共依存



▼共依存とは

共依存を一言でいえば、「他者に必要とされることで、自分の存在意義を見い出すこと」となる。共依存の特徴をよく表現している文章を以下に引用する。

 共依存者とは、自己自身に対する過小評価のために、他者に認められることによってしか満足を得られず、そのために他者の好意を得ようとして自己犠牲的な献身を強迫的に行なう傾向のある人のことであり、またその献身は結局のところ、他者の好意を(ひいては他者自身を)コントロールしようという動機に結び付いているために、結果としてその行動が自己中心的、策略的なものになり、しだいにその他者との関係性から離脱できなくなるのである。(加藤篤志)

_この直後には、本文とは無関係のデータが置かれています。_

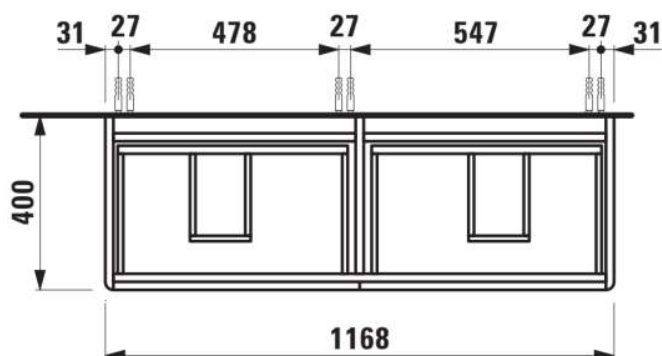

BASE 2.0

Meuble sous-vasque pour VAL, 1200mm, 4 tiroirs

DIMENSIONS

Longueur	1170 mm
Largeur	400 mm
Hauteur	515 mm

COULEUR ET FINITION

	260 Blanc mat
---	---------------

Boîtes de rangement : 2

Combinaison des portes et des tiroirs : 4

Tiroirs

Finition des pieds : Chromé

Hauteur maximale des pieds (mm) : 263

Matériau : MDF

Pieds ajustables

Poids net / kg : 39,7

Position du lavabo : Droite, Gauche

Structure du meuble : Tiroirs

Système d'ouverture et de fermeture : Tiroirs avec fermeture amortie

Type d'installation : Suspendu

DESSINS TECHNIQUES

COMPATIBLE AVEC

Lavabo double, avec plage
antidérapante centrale

H814282...1041

BASE 2.0

つまり、自分の内面が空虚で他者の評価を必要とするだけでなく、他者の評価を獲得するために他者を道具として利用する人たちのことをいう。一般的傾向としては、他人の世話を焼きたがる割には、他人に対して不誠実で策謀的な点があげられる。


▼共依存の発見

1970年代の後半にアルコール依存の臨床で発見されたといわれている。以下のようなプロセスがあったとみられている。

・アルコール依存の回復において、依存者同士のグループセラピー、そして「家族からの隔離」が有効であることがわかった。
・つまり、家族の中に戻ると依存克服が困難であることがわかった。
・その後、ほとんどの臨床ケースにおいて、依存者の家族の中に「依存者への世話に依存している人」が発見され、その人が依存を後押ししてしまっている事実がわかった。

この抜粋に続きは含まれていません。